▶ _Collected data entries_
= Beginning of Section =

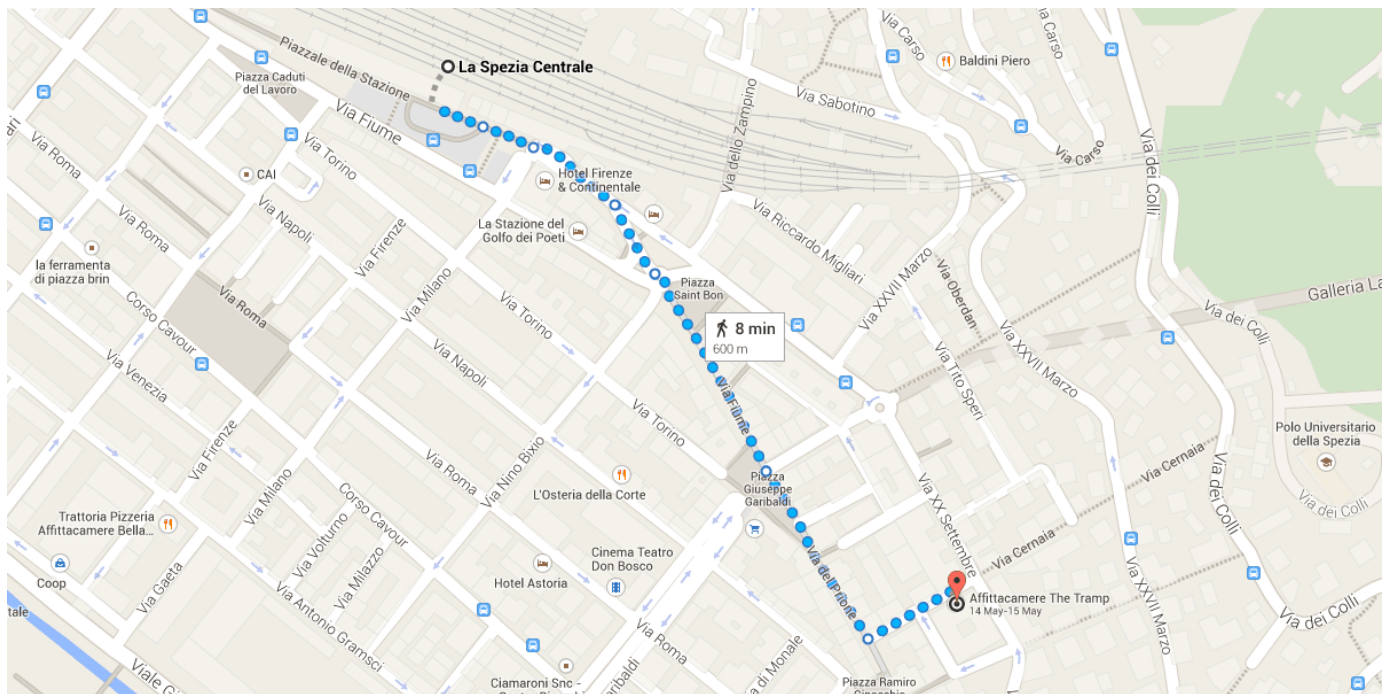

Walk 600 m, 8 min

Directions from La Spezia Centrale to Affittacamere The Tramp

○ La Spezia Centrale

Use caution - may involve errors or sections not suited for walking

1. Head east on Piazzale della Stazione toward Piazzale Medaglie D'oro

↑ _____ 41 m

2. Continue onto Via Paleocapa Pietro

↑ _____ 41 m

3. Slight left to stay on Via Paleocapa Pietro

↙ _____ 78 m

4. Slight right onto Piazza Saint Bon

↘ _____ 60 m

5. At the roundabout, take the 2nd exit onto Via Fiume

⦿ _____ 180 m

6. Continue onto Via del Prione

↑ _____ 150 m

7. Turn left onto Via Cernaia

↙ _____ 70 m

i Destination will be on the right

⊙ Affittacamere The Tramp

Via Cernaia, 28, 19121 La Spezia SP

Map data ©2015 Google

= End of Section =

▶ _TASK TO COMPLETE_
Return a verbatim transcription of the data, omitting all images.

▶ _SOLUTION TO THE PROBLEM_
Walk 600 m, 8 min

Directions from La Spezia Centrale to Affittacamere The Tramp

○ La Spezia Centrale

Use caution - may involve errors or sections not suited for walking

1. Head east on Piazzale della Stazione toward Piazzale Medaglie D'oro

↑ _____ 41 m

2. Continue onto Via Paleocapa Pietro

↑ _____ 41 m

3. Slight left to stay on Via Paleocapa Pietro

↙ _____ 78 m

4. Slight right onto Piazza Saint Bon

↘ _____ 60 m

5. At the roundabout, take the 2nd exit onto Via Fiume

⦿ _____ 180 m

6. Continue onto Via del Prione

↑ _____ 150 m

7. Turn left onto Via Cernaia

↙ _____ 70 m

i Destination will be on the right

⊙ Affittacamere The Tramp

Via Cernaia, 28, 19121 La Spezia SP

Map data ©2015 Google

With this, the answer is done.